While I do believe all of this, here's the best part: there is always a chance of something from left field. Something may happen, or a development may occur, and suddenly we're sitting in the modified future in 50 years, reading this and laughing at my ignorance.

1 comment:

Adam Wykes said...

Hah, thanks for the opposing point of view.

When I got to ask William Gibson my one question at the book signing I went to in Chicago for his new novel, Zero History, I asked something along the lines of "is Zero History's title a reference to the sort of lacuna future generations will have regarding their understanding of the present time, such that they will feel like they have no history, and is this trend of yours toward setting your books further and further into the recent past a symptom of a prognosticating writer faced with the blinding wall of a singularity come nigh?"

Of course I asked it much less intelligently, but I asked it all he same, and once I had articulated myself painfully he made it clear that he thought the Singularity was hogwash; an idea to be rejected simply on the basis of its religiosity, if not the very real wall that silicon chips are coming up against in terms of raw processing power.

So you have a powerful friend on your side, but I have to say not even this can make me believe that a sea change is in the works for human history in the first century of this millenium.

For me, the singularity isn't as defined as Kurzweil's or the other common flavors - machine sentience or sudden material wealth for everyone courtesy of Santa Claus Machines. All three of these singularities are hard and require leaps that as you aptly intuit are beyond our grasp and will be for quite some time.

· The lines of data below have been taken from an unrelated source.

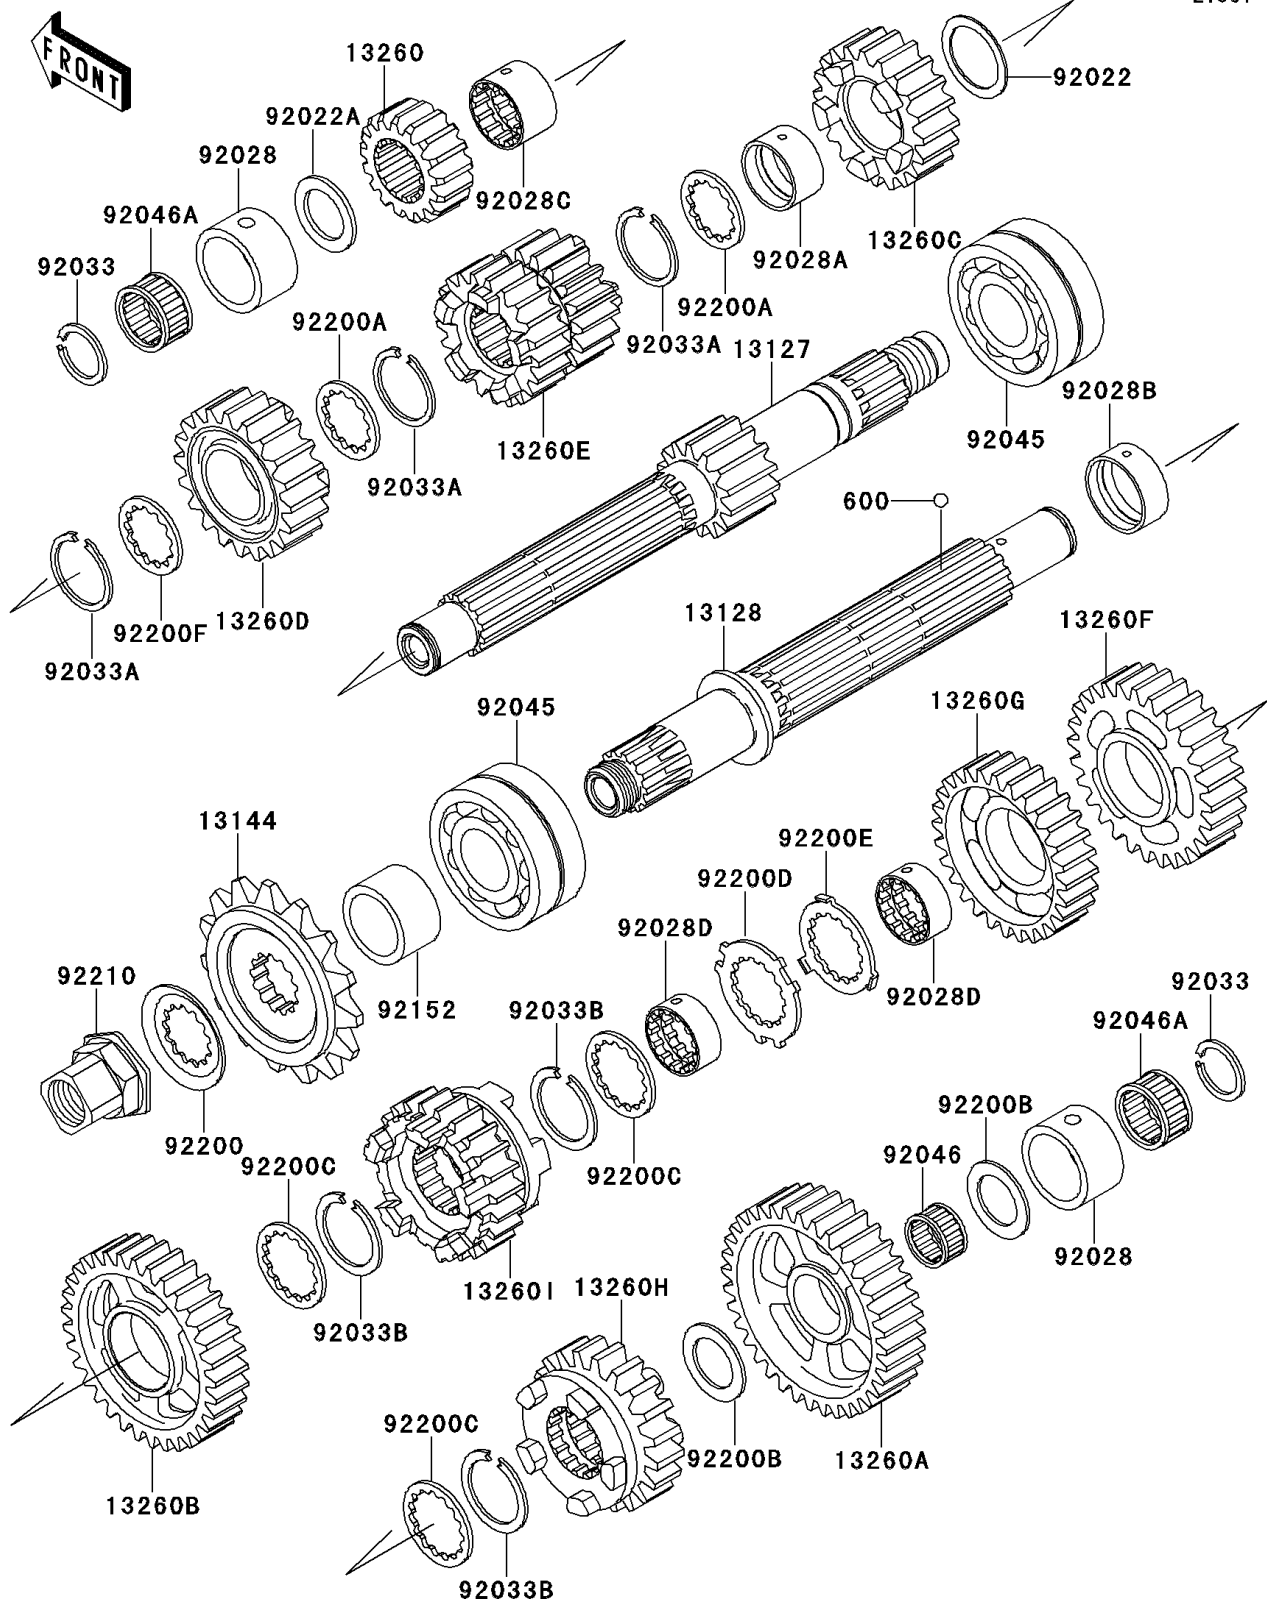

# 2001 Ninja® ZX™-9R PARTS DIAGRAM

Transmission

E1361

# 2001 Ninja® ZX™-9R PARTS LIST

Transmission

ITEM NAME	PART NUMBER	QUANTITY
-----------	-------------	----------

The nearing singularity that I imagine has more to do with the rate of change. You take a look at any number of statistics in the 20th century and you will see that it was a century of ramping up - in population, in computing power, in global GDP, in city populations, in genetic research, etc.

So long as the rate of change in most of these areas continues at an increasing rate, we will have a Change Singularity. That is, human society will be forced to adapt to rates of change so far beyond anything previously encountered even in the previous generation that few to no prior historical events will compare or offer a hint of how we should move forward.

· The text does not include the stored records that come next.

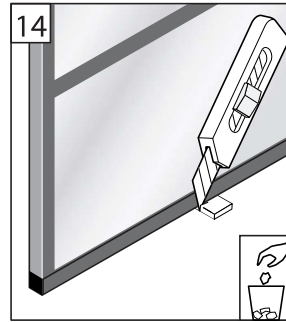

Alterna

Free Time

Inloopdouche decor 3 zwart

mat zwart / decor 3 Timeless

Montage handleiding

2 3/4 H

Galvano Groothandel B.V.
Dillenburgstraat 12
5652AP EindhovenThe Netherlands
info@galvano.nl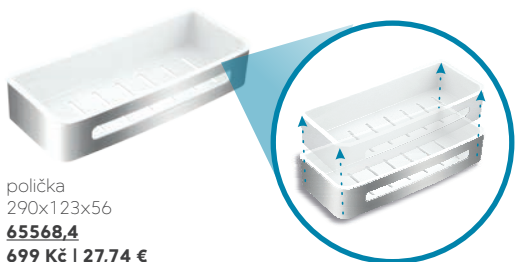

velká hluboká
velká hlboká
6075,0
1 349 Kč | 53,52 €

6033,0
799 Kč | 31,68 €

TITANIA YACORE

odolný plast ABS, nerez

BÍLÝ CHROM
KONCEPT

(viz. strana 29)

TITANIA

polička
290x123x56
65568,4
699 Kč | 27,74 €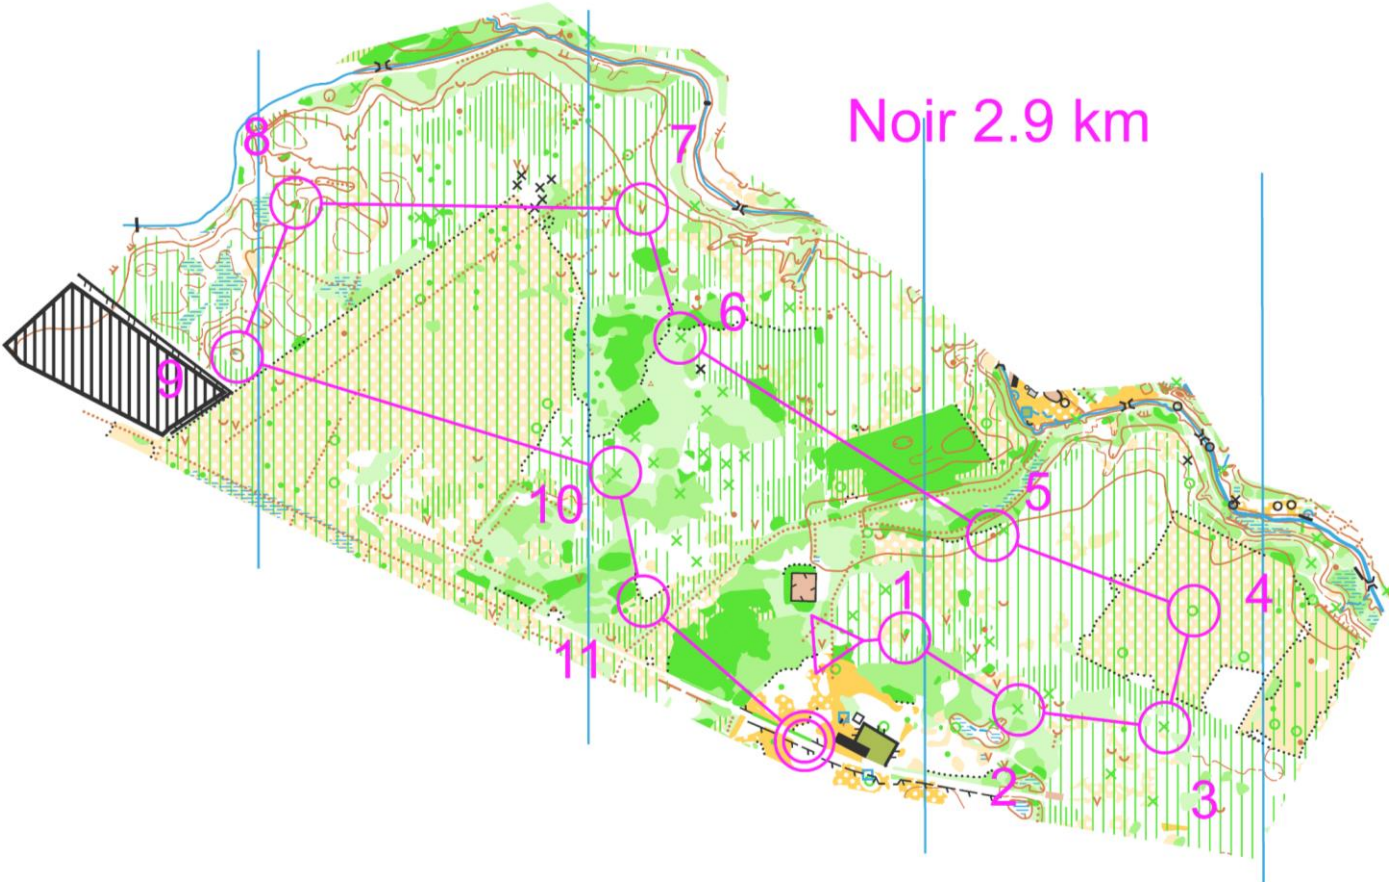

Tous les contrôles

Noir 2.9 km

Jaune B 0.9 km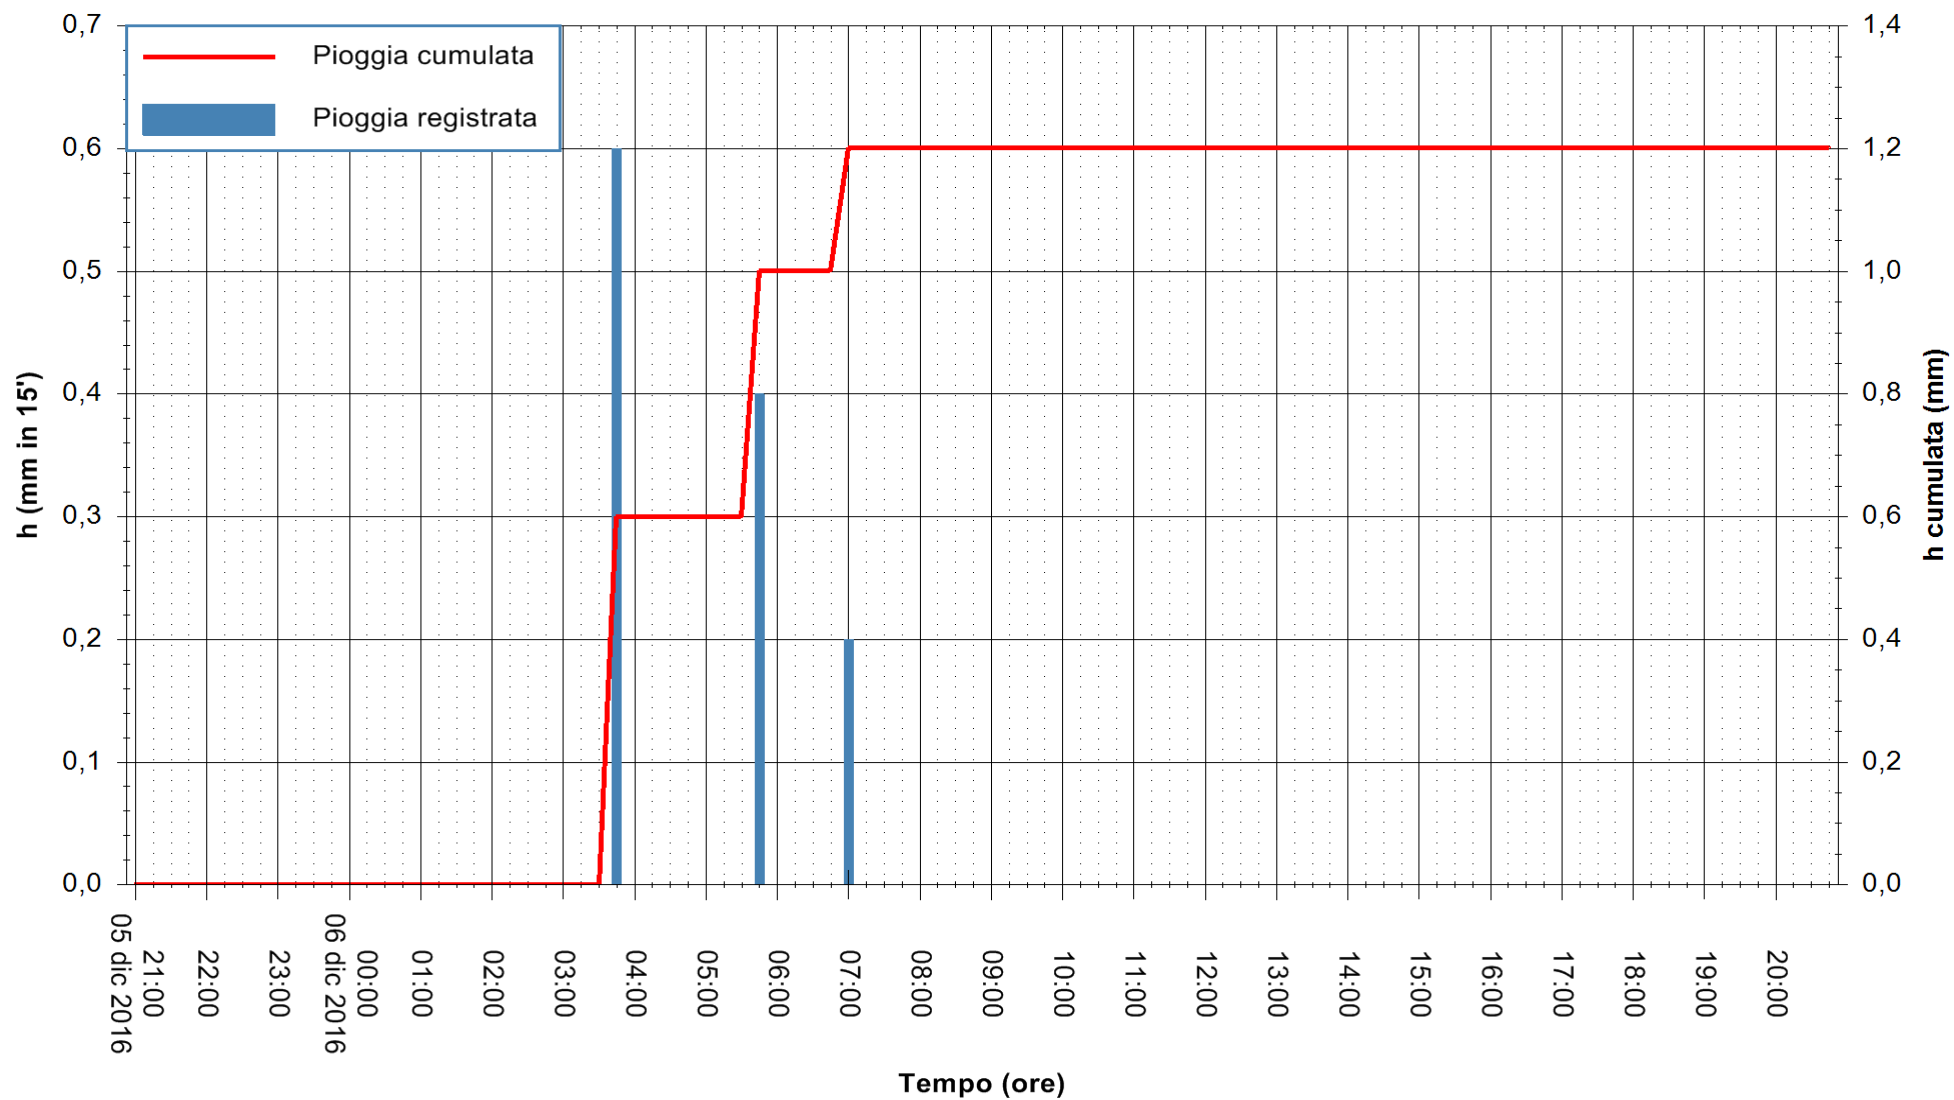

Stazione pluviometrica San Priamo
Area SAN PRIAMO
Pioggia registrata nelle ultime 24 ore
Consultazione alle ore 21:01 del 06/12/2016

ARPAS
F.to il Dirigente Responsabile
Dott. Giuseppe Bianco

REGIONE AUTÒNOMA DE SARDIGNA
REGIONE AUTONOMA DELLA SARDEGNA

Stazione pluviometrica Mamone
Area MAMONE
Pioggia registrata nelle ultime 24 ore
Consultazione alle ore 21:01 del 06/12/2016

ARPAS
F.to il Dirigente Responsabile
Dott. Giuseppe Bianco

REGIONE AUTÒNOMA DE SARDIGNA
REGIONE AUTONOMA DELLA SARDEGNA

The early part of the 2000s seem ripe for that kind of a Singularity:

1. World population is expected to climb exponentially until somewhere around 2050.

2. Computing power and genetic know-how are as of yet still increasing exponentially.

3. The problem of global warming will put extra pressure on the rising population as habitable lands become scarcer.

4. The internet looks set to keep increasing its audience at a faster pace worldwide than print, radio, or television ever did.

5. Global GDP looks set to keep rising.

6. The number of scientific papers published every year continues to increase exponentially.

7. Cell phones and other mobile devices are maintaining an exponential trend of penetration into markets worldwide.

If I were a Science Fiction author, I would look for my Singularity at the intersection of one or more of these skeins.